CbN is a Linux live distribution that allows one to run standard desktop hardware as an MPI computing cluster without modification to the local hard disk or network topology (i.e. cluster nodes can receive their IP address from an existing dhcp server). The distribution is minimal—there is no support for NFS or a graphical desktop environment. The master node resides in 30 MB of ram, and the compute nodes even less. Compile an executable or write a Ruby or Lua script, send it to the master node, and distribute/run it on all the nodes automatically via SSH. The distribution is based on Tiny Core Linux
This project was initially inspired by the far more feature-rich Pelican HPC distribution, though no code is shared.
Cluster by Night Screencast from Dept. Dirigible Flightcraft on Vimeo
Burn the image files to a cd, then use them to boot up computers. On Windows machines you usually have to press one of the function keys during the BIOS and on Intel-based iMac computers you need to hold down the ‘c’ key after the machine is turned on. If you want to use a USB drive to boot the machines, use Unetbootin to write the ISO file onto the drive.

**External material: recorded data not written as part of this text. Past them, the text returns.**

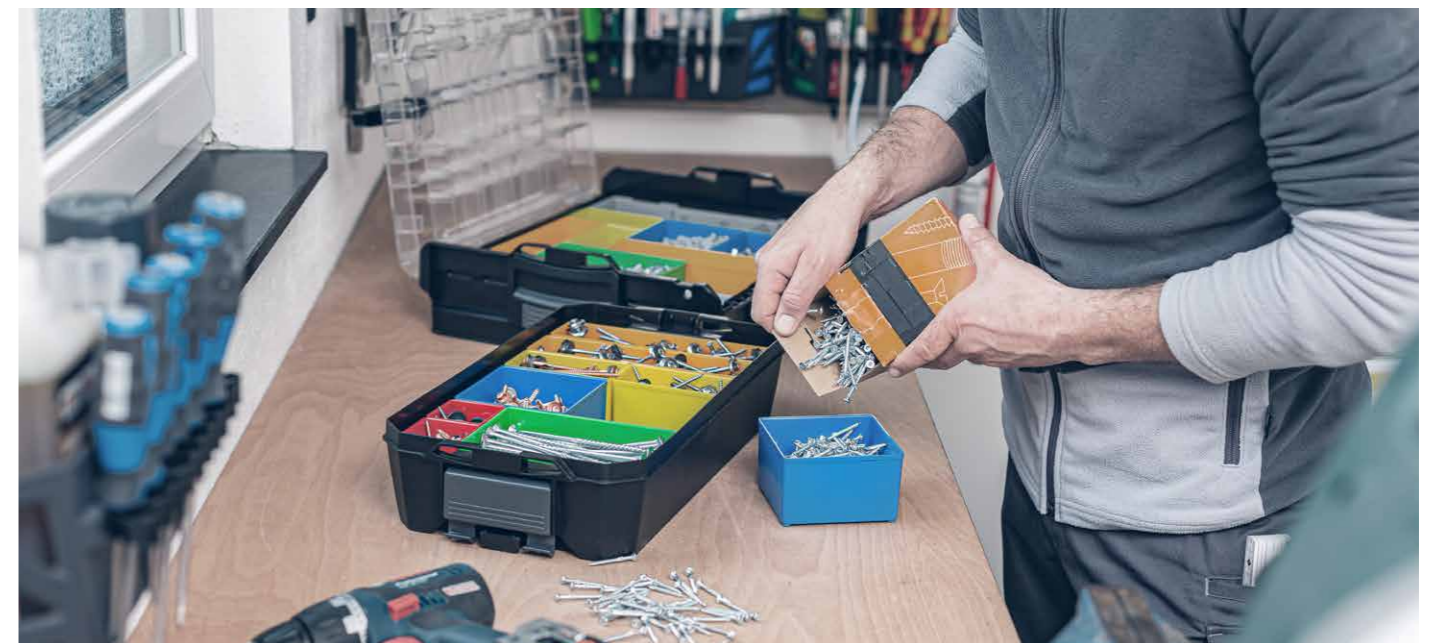

Product	Beschrijving van de	Adviesprijs in € excl. btw	Pallet-eenheid	Artikelnummer
	Inset Boxes A3 rood verpakkingseenheid voor één soort, 48 stuks	28,50	140	6000001817
	Inset Boxes B3 geel verpakkingseenheid voor één soort, 24 stuks	25,50	140	6000001818
	Inset Boxes C3 blauw verpakkingseenheid voor één soort, 12 stuks	23,20	140	6000001712
	Inset Boxes D3 groen verpakkingseenheid voor één soort, 8 stuks	22,40	140	6000001713
	Inset Boxes F3 oranje verpakkingseenheid voor één soort, 12 stuks	34,30	140	6000012257
	Inset Boxes G3 donkergroen verpakkingseenheid voor één soort, 4 stuks	23,20	140	6000001819
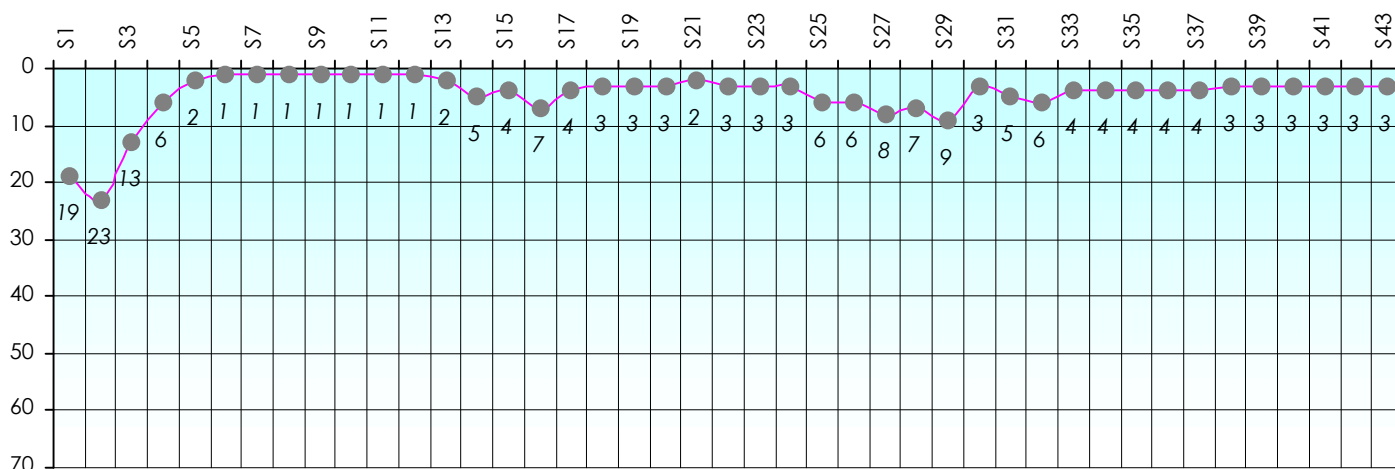

Classement Général

Septembre 2015			Octobre 2015				Novembre 2015				Décembre 2015					
S1	S2	S3	S4	S5	S6	S7	S8	S9	S10	S11	S12	S13	S14	S15	S16	S17

Janvier 2016			Février 2016				Mars 2016				Avril 2016				Mai 2016			Juin 2016							
S18	S19	S20	S21	S22	S23	S24	S25	S26	S27	S28	S29	S30	S31	S32	S33	S34	S35	S36	S37	S38	S39	S40	S41	S42	S43

The master machine must be booted first. Login as ‘tc’. When the nodes boot, they will ask for the master ip address and will drop into a terminal when they have successfully downloaded the master machine’s public key. You don’t need to do anything with the node computers after this point, but you can run the ‘top’ program to watch jobs on that node.
Once the machines are booted, run ‘cbn reset’ on the master to generate the machine file. The master generates the machine file by simply trying to ssh into each address that downloaded the master’s public key. Before you can ssh yourself into the master machine (to transfer your files to/from there) you need to give it a password by running ‘passwd’. To distribute your files to all the nodes, use ‘cbn dist file1 file2 …’, and then execute your programs using ‘cbn_run -np 4’ or however many CPUs your cluster has (‘cbn_run’ is a simple wrapper to ‘mpi_run’ that adds some extra flags so OpenMPI doesn’t complain about not having fancy pants libraries every time you run it).